ANTROPOLOGIA CULTURALE DEI PAESI ASIATICI -
MODULO B
Capacita di argomentare: arte retorica che aiuta a rappresentare i miei contenuti e a
renderli efficaci alla convinzione dell’altro.
Amartya Sen dice che gli umani sono argomentativi. Argomentare con qualcuno che
controbatte e non è d’accorso per portare un’istanza diversa dalla mia.

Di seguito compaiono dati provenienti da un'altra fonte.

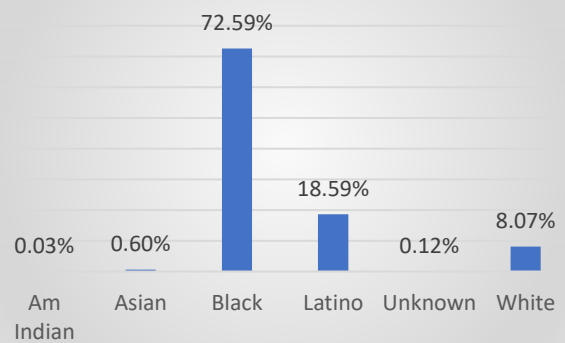

Sheriff's Daily Report

11/17/2020

Under the Custody of the Sheriff	
Total Male and Female	8,829
Jail Population	5,518
Community Corrections	3,311

Jail Population - Behind the Walls

Behind the Walls: Detainees that are physically housed under the Sheriff's custody 24 hours a day/7 days a week. This includes all populations listed on this chart - Divisional populations male & female, Outside Counties, Hospital, PRC, Women's Residential, & VRIC. Detainees in court-ordered treatment programs (PRC, Women's Residential, VRIC) are housed at CCDOC 24 hours a day/7 days week.

Sheriff's Daily Report

11/17/2020

CCSO Population Demographics

In Confinement

Gender Distribution

Race Distribution

Age Distribution

Community Corrections

Gender Distribution

Race Distribution

Age Distribution
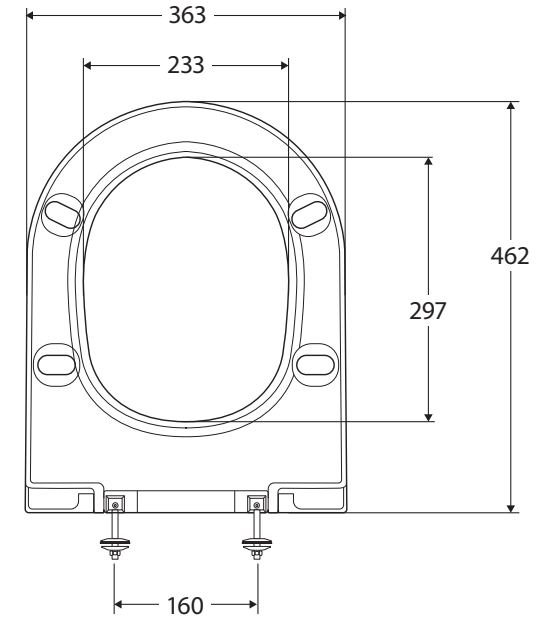

RAK Moon TOILET SEAT

Features

- Soft close
- Quick release
- Made from urea-formaldehyde
- Suits: RAK Moon (473546)

Available in

Gloss White
000046W

Cleaning & Care

- The toilet seat may be removed for cleaning - depress the chrome hinge release buttons and lift up.
- Clean only with a soft cloth or sponge using warm water and mild soap or detergent. Do not use any abrasive cleaning materials.
- Do not use any solvents or corrosive liquids.
- Note that use of clip-on deodorisers will affect flushing performance on rimless suites.

While we aim to ensure specifications are correct at the time of publication, Fienza reserves the right to make modifications without prior notice. Physical colour may vary from image shown. All measurements are shown in millimetres. Always use physical product measurements for mark-ups and roughing-in as the technical drawing may differ from actual product received.
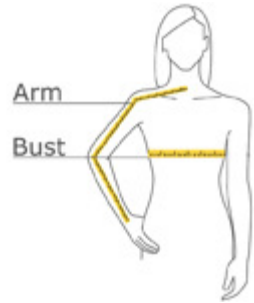

RAYS Sizing Chart for Team Apparel

Speedo Warm-Ups

Youth – reminder this warm-up is Black/White – Green is not an Color Choice

SIZE	XS	S	M	L
SIZE	6/7	8/9	10/12	14/16
CHEST	25½	27¼	29½	32½
WAIST	23½	24	25½	27½
HIP	25	27¼	30	34

Female

WOMENS	0	2	4	6	8	10	12	14	16	18	20	22	24		
APPAREL	XS	S	S	M	M	L	L	XL	XXL	N/A	N/A	N/A	N/A	N/A	N/A
BUST	31	32	33	34	35	36	37½	39	40½	42½	44½	46½	48½	50½	52½
WAIST	23	24	25	26	27	28	29½	31	32½	34½	36½	38½	40½	42½	44½
HIP	33½	34½	35½	36½	37½	38½	40	41½	43	45	47	49	51	53	55
TORSO	54½	56	57½	59	60½	62	63½	65	66½	68	69½	71	72½	74	75½

Male

SIZE	22	24	26	28	30	32	34	36	38	40	42	44	46	48
APPAREL	N/A	N/A	N/A	XS	S	M	L	XL	XXL	XXL	3X	3X	4X	4X
CHEST	31	33	35	37	38	40	42	44	46	48	50	52	54	56
WAIST	25	27	29	31	32	34	36	38	40	42	44	46	48	50
HIP	29	31	33	35	35	38	40	42	44	46	48	50	52	54

Sport-Tek ½ Zip Female Sizes only Adult XS-4XL

HOW TO MEASURE

BUST

With arms down at sides, measure around the upper body, under arms and around the fullest part of the bust.

ARM

Place hand on hip. Start at the center of the back of the neck and measure across the shoulder, to the elbow, and then down to the wrist.
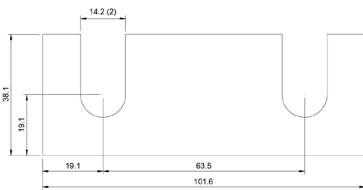

DSCH107

Part No	Description	Thickness	Legacy # \ Shim Set Includes
DSCH107-E059	Inch Shim	.059 inch	
DSCH107-E244	Four Piece Shim Set - Inch	.236 inch	(4) .059 inch
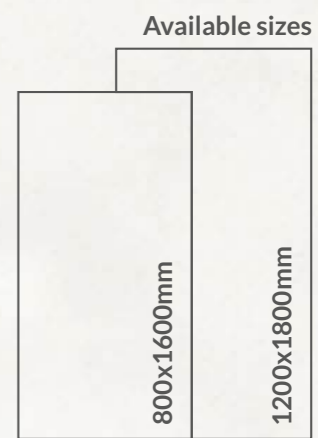

Also Available : 800x1600mm | Surface : Polished | Pattern: Infinity 5 Faces

FLOOR : GLACIER IVORY (POLISHED) | 800X1600MM

GLACIER IVORY | SURFACE : POLISHED

1200x1800mm
Surface : Polished

Glacier Ivory | Pattern: Infinity 4 Faces
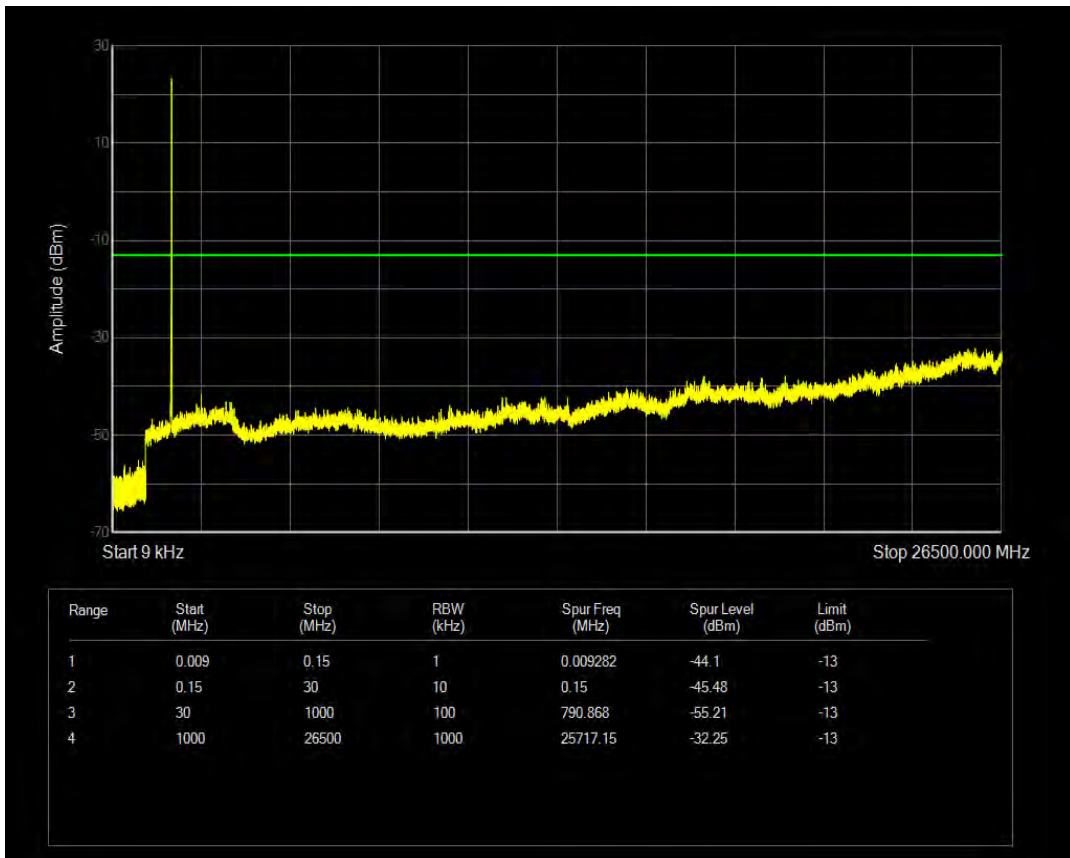

Band66 QPSK BW=5MHz Channel=132647 RB Size=25 Position=#0

Band66 16QAM BW=5MHz Channel=132647 RB Size=1 Position=#0

Nella tradizione indiana nel corse dei millenni si è sviluppata una modalità di costruire
la contrapposizione verbale e quindi anche di arrivare a delle sintesi che niente ha che
vedere quella che tutt’ora caratterizza l’occidente.
Amartya Sen identifica la presenza di un elemento retorico che deve sfociare nella
sintesi. Colui che argomenta nella tradizione europea porta a se il maggior numero di
prove, sillogismi,…
Sia il caso retorico che quello specifico per Amartya Sen sono casi emblematici che
nella società europea fanno si che emerga il giusto se l’esperimento è replicato bene.
Amartya Sen in questa traiettoria vede un’operazione di esclusione.
Secondo Amartya Sen la tradizione occidentale si muove da elementi di disordine ad
elementi di ordine, da incertezze a certezze.
Questa tradizione dialettica ha garantito l’affermarsi della razionalità e della ragione.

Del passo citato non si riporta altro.